Remember: the spring holds you up. The shock keeps the spring on the bike. The compression damping controls the upwards travel rate against the bike’s inertia, the rebound damping controls the downward travel rate against the spring pressure. For general purposes, you want to consume roughly 1/4-1/3 of your suspension travel at normal load. The purpose of all this stuff is to keep your tire touching the ground. Comfort is a far second. An ideal suspension would exactly follow the profile of the road surface while transmitting nothing to the vehicle. That suspension doesn’t exist, so we make compromises.
And a couple of phrases that are kind of platitudes but still ring true:

The best you’ve ridden is the best you know.
Sometimes having adjustable suspension just means you can make it worse.
 
Remember: the spring holds you up. The shock keeps the spring on the bike. The compression damping controls the upwards travel rate against the bike’s inertia, the rebound damping controls the downward travel rate against the spring pressure. For general purposes, you want to consume roughly 1/4-1/3 of your suspension travel at normal load. The purpose of all this stuff is to keep your tire touching the ground. Comfort is a far second. An ideal suspension would exactly follow the profile of the road surface while transmitting nothing to the vehicle. That suspension doesn’t exist, so we make compromises.
And a couple of phrases that are kind of platitudes but still ring true:

The best you’ve ridden is the best you know.
Sometimes having adjustable suspension just means you can make it worse.

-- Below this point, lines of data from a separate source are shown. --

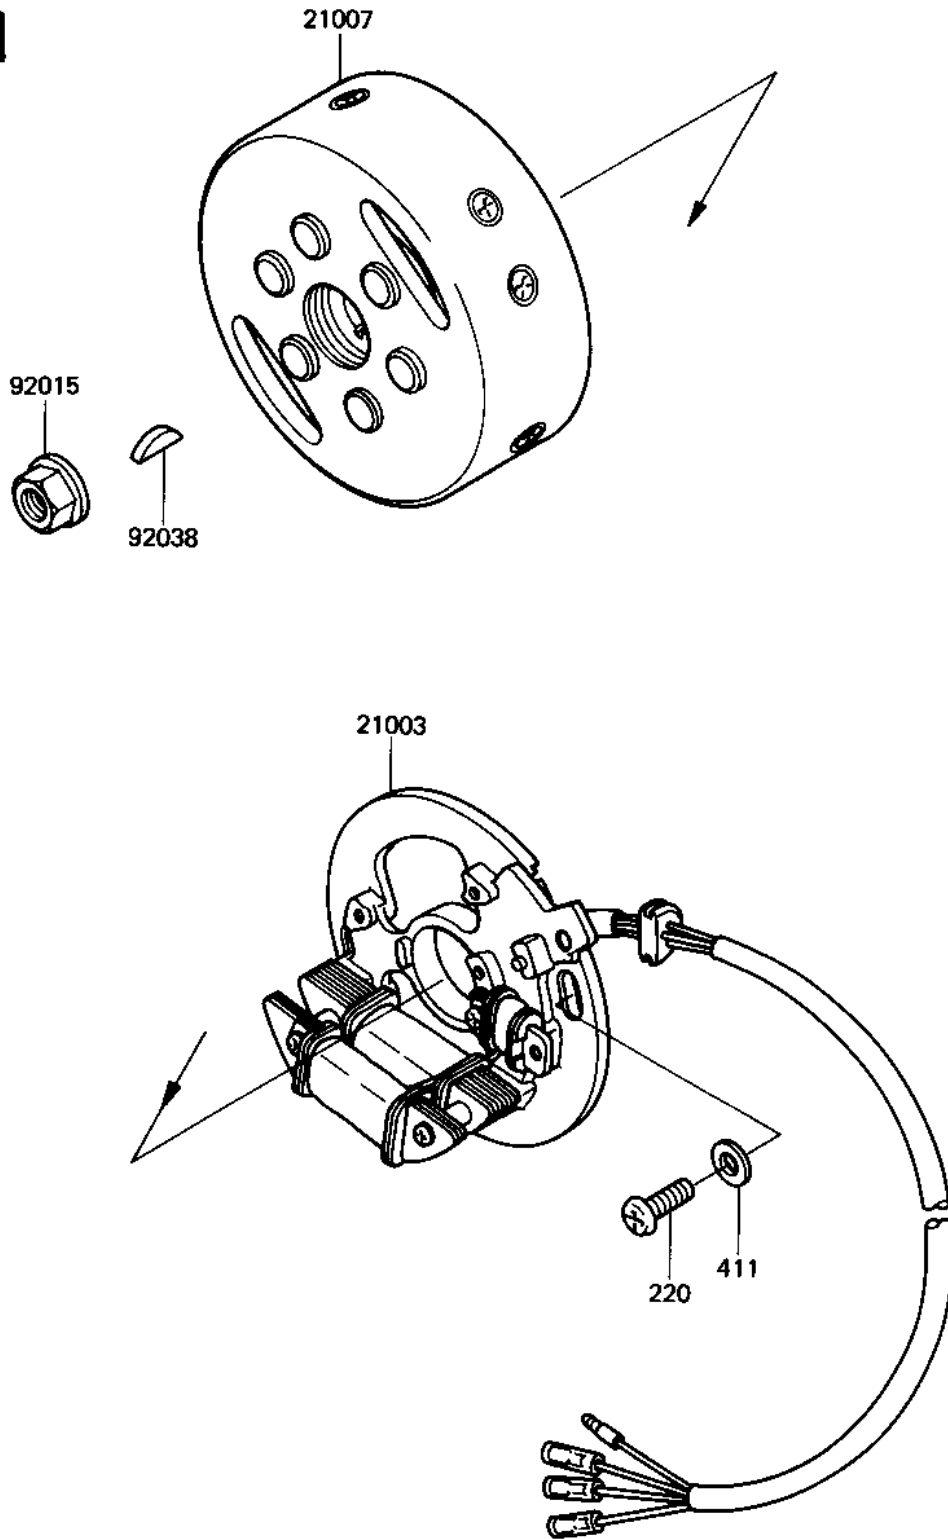

1983 KX500 PARTS DIAGRAM

GENERATOR ('83 A1)

E1810-0071

1983 KX500 PARTS LIST

GENERATOR ('83 A1)

ITEM NAME	PART NUMBER	QUANTITY
STATOR (Ref # 21003)	21003-1086	1
ROTOR (Ref # 21007)	21007-1052	1
NUT-12MM (Ref # 92015)	92015-1156	1
WOODRUFF KEY (Ref # 92038)	92038-001	1
SCREW PAN HEAD 6X16 (Ref # 220)	220B0616	2
WASHER PLAIN 6MM (Ref # 411)	411B0600	2
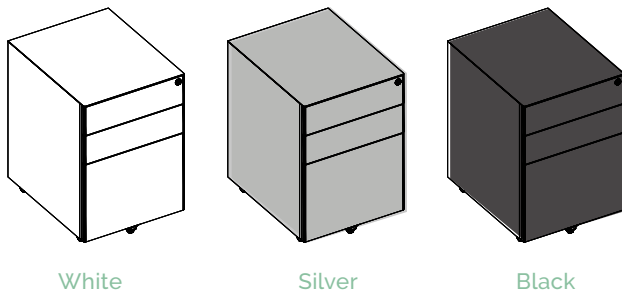

compel®

*\$482 as Shown in Silver

Mobile Ped

The Compel Mobile Ped comes in BBF format and 3 crowd-pleasing colors. Subtle curved edges and integrated finger pulls give our new ped a sleek look that complements our Pivit Open Frame Desking and Benching as well as our HiLo Table and Benching collections.

Features

- 360° Rotation
- 15" Wide x 19" Deep x 22.5" High
- Multiple Storage and Filing Options
- 5th Wheel for Stabilization of Bottom Drawer
- Integrated Finger Pulls
- Bottom of Ped Clears Foot of HiLo Table Base
- One Lock Secures All Drawers

White

Silver

Black

Options

Available with Cushion in any of our Grade 1, 2, or 3 Fabrics

Available in 3 Colors (White, Silver, Black)

*\$633 as Shown with Grid Apple Cushion

Dimensions
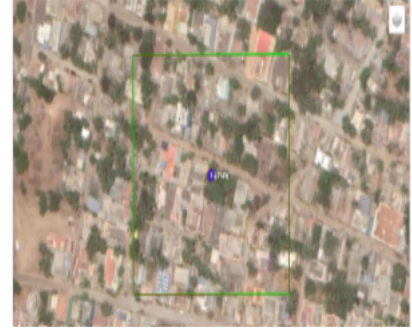

Nazri Naksha

Google Map View
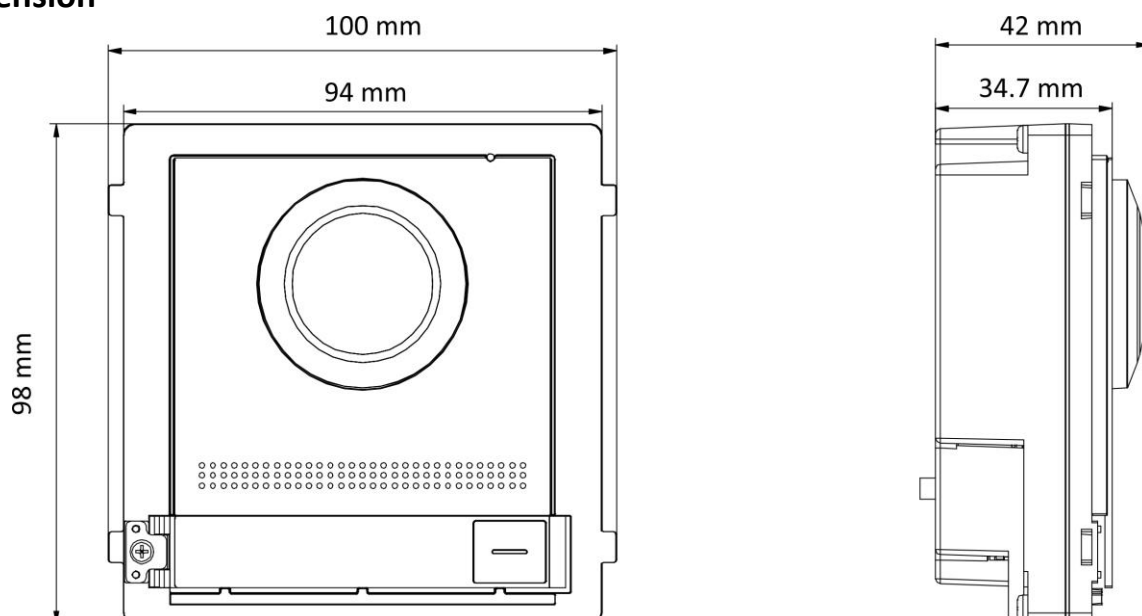

▪ Specification

System parameters	
Operating system	Embedded Linux operation system
ROM	32 MB
RAM	256 MB
CPU	Embedded Processor
Display parameters	
Screen size	NA
Operation method	NA
Type	NA
Resolution	NA
Video parameters	
Supplement light	Low illumination, IR supplement lights
Video standard	H.264
Lens	1
FOV	Horizontal: 146°, Vertical: 82°
WDR	Support
Resolution	2 MP
Audio parameters	
Audio compression standard	G.711 U, G.711 A
Audio input	Built-in omnidirectional microphone
Audio output	Built-in loudspeaker
Audio compression bitrate	64 Kbps
Audio quality	Noise suppression and echo cancellation
Volume adjustment	Adjustable
Capacity	
Fingerprint capacity	/
User capacity	2000
Face capacity	NA
Linked indoor station capacity	500
Event capacity	/
Sub door station capacity	16
Network parameters	
Communication protocol	NA
Wired network	NA
Wi-Fi	NA
Bluetooth	NA
3G/4G	NA
Device interfaces	
Alarm input	4 (2 exit buttons and 2 door contacts by default)
Network interface	NA
TAMPER	1
Exit button	2 (2 for lock control)
Door contact input	2
RS-485	1 (1 for Hikvision's sub module communication)

▪ Available Model

DS-KD8003Y-IME2/S

▪ Dimension

Headquarters

No.555 Qianmo Road, Binjiang District,
Hangzhou 310051, China
T +86-571-8807-5998
www.hikvision.com

Follow us on social media to get the latest product and solution information.
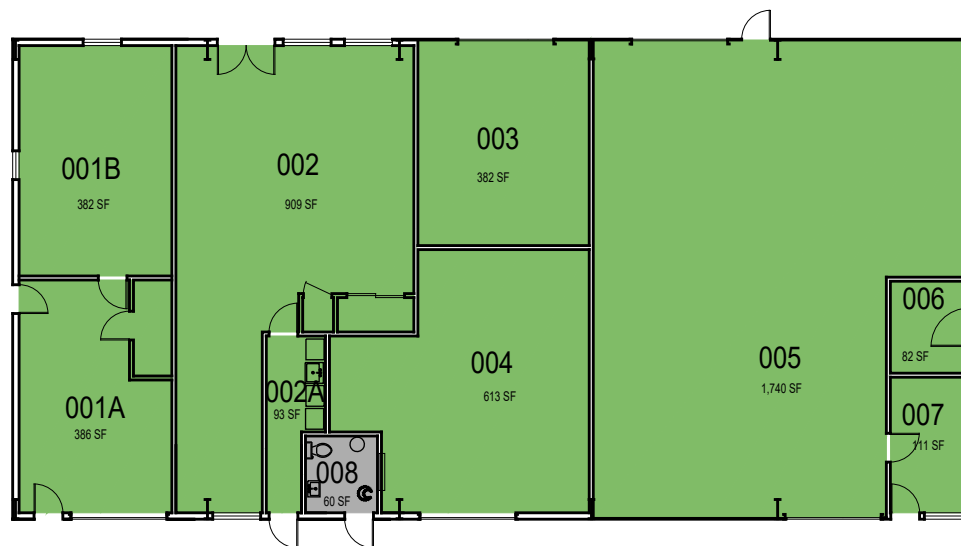

050-M

050-J

October 2020

CAL POLY

Bishop Warehouse, Rose
Float, ITS Storage

E-Surplus
Space Data http://afd.calpoly.edu/facilities/spacefacility/space_data.asp

| | | | |
|-------------------|----------------|---------------------|---------------------|
| 00000 UNASSIGN | 107500 OCOB | 120000 ACAD AFRS | 137500 UNIV DEV |
| 102500 CAFES | 110000 CLA | 120400 ITS | 140000 STUD AFRS |
| 105000 CAED | 112500 CENG | 121300 DIV/INCL | 145000 PRESIDENT |
| 117500 CSM | 125000 AFD | 150000 UNIV SUP | |

College/Division

1" = 20'

050-K

050-L

October 2020

CAL POLY

Bishop Warehouse, Rose
Float, ITS Storage

Rose Float & Storage

College/Division

1" = 20'

Completely agree with that and my compromise wil be a stiffer suspension to get the handling i want. I learned a lot about suspension setups from racing nitro rc cars of all things. If a trophy truck can keep its wheels on the ground im sure the same can be done on the street. Just a matter if you are willing to pay for it. Today's magnetic ride suspensions seems to be a step in that direction, but all out racing seems to still be static suspension setups.